Foreign Reincorporations Have No Effect. Nothing in this section 302 shall be interpreted or applied in any way to allow any issuer to lessen the legal force of the statement required under this section 302, by an issuer having reincorporated or having engaged in any other transaction that resulted in the transfer of the corporate domicile or offices of the issuer from inside the United States to outside of the United States.
As requested:Here is a SEC Press release regarding Auditor Independence:
SEC Staff Responds to Frequently Asked Questions Regarding Auditor Independence
FOR IMMEDIATE RELEASE2003-94
Washington, D.C., Aug. 13, 2003 — The Securities and Exchange Commission's Office of the Chief Accountant today provided its responses to 35 frequently asked questions regarding the application of the Commission's rules on auditor independence. On Jan. 28, 2003, the SEC released new regulations strengthening the Commission's existing requirements regarding auditor independence. See Release No. 33-8183
The staff's responses are intended to assist registrants and their audit committees, audit firms, and other market participants in the understanding of and compliance with the new regulations.

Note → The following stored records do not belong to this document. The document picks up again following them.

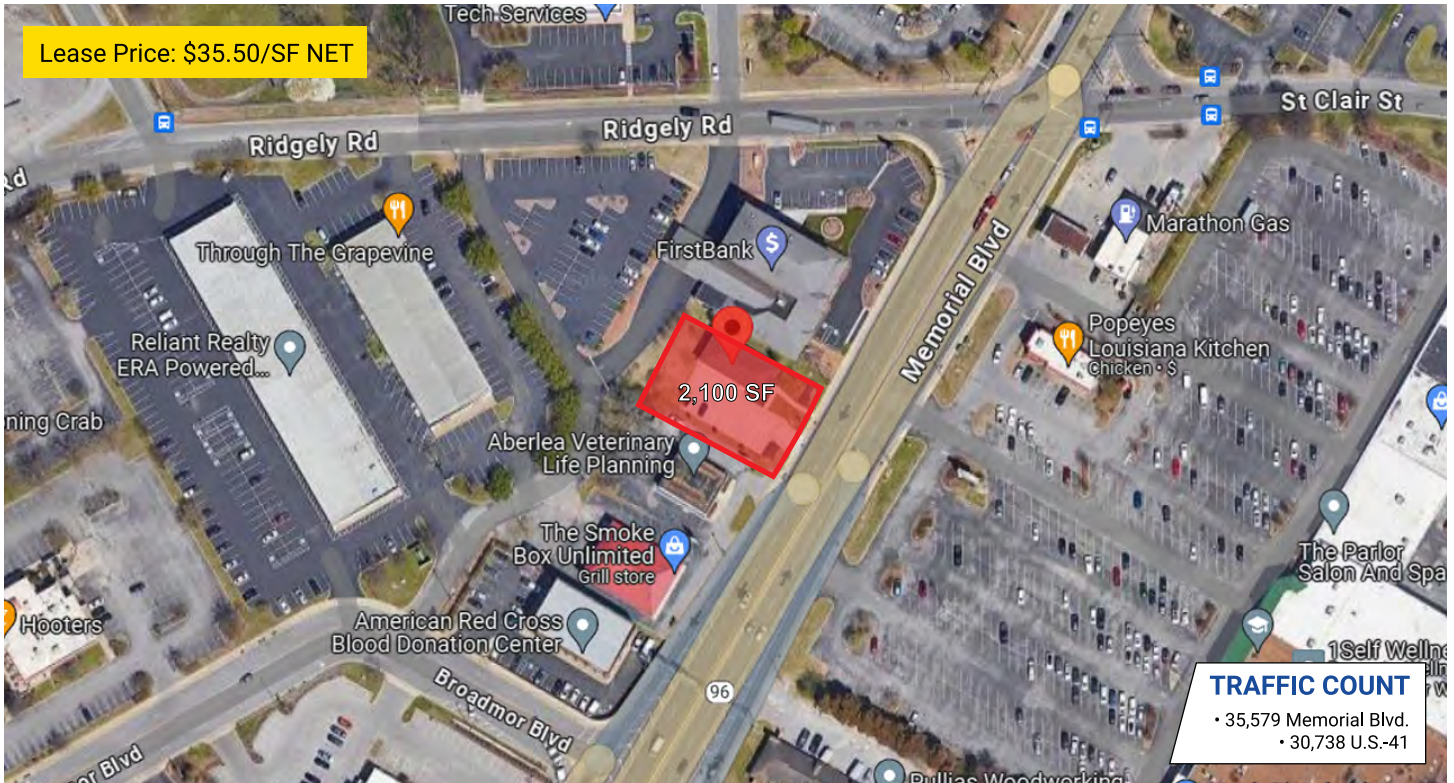

543 Memorial Blvd.

MURFREESBORO, TENNESSEE 37129

developments | real estate | construction
615-896-0000

Building SF:	2,100	Eave Height:	12'
# of Units:	1	Electricity:	200amps
Units SF:	2,100	Zoning:	Commercial Hwy

PROPERTY HIGHLIGHTS

- Built in 2019
- Easy Access to I-24, U.S.-231 and Medical Center Pkwy.
- Approx. 30 minutes to Nashville Airport

DEMOGRAPHIC SNAPSHOT

RUTHERFORD COUNTY

2023 Population Estimate	365,150
2023 Median HH Income	\$78,291
2023 Number of Households	139,340

The document includes the staff's responses to questions in the general areas of:
*partner rotation and transition questions
*other audit partner and partner rotation matters
*audit committee pre-approval
*audit committee communications
*"cooling off" period
*broker-dealers and investment advisers
The staff's responses can be found on the Commission's Web site at http://www.sec.gov/info/accountants/ocafaqaudind080703.htm
Some Disclosure Requirements of the SARBANES-OXLEY Act:
* Auditors and Management must annually assess their company’s internal controls and related disclosures.
* Additional disclosure of off-balance sheet financing and financial contingencies is now required.
* The presentation of pro forma information is now required.
* Disclosure under Section 16 of the Exchange Act of insider stock transactions has been accelerated to two business days.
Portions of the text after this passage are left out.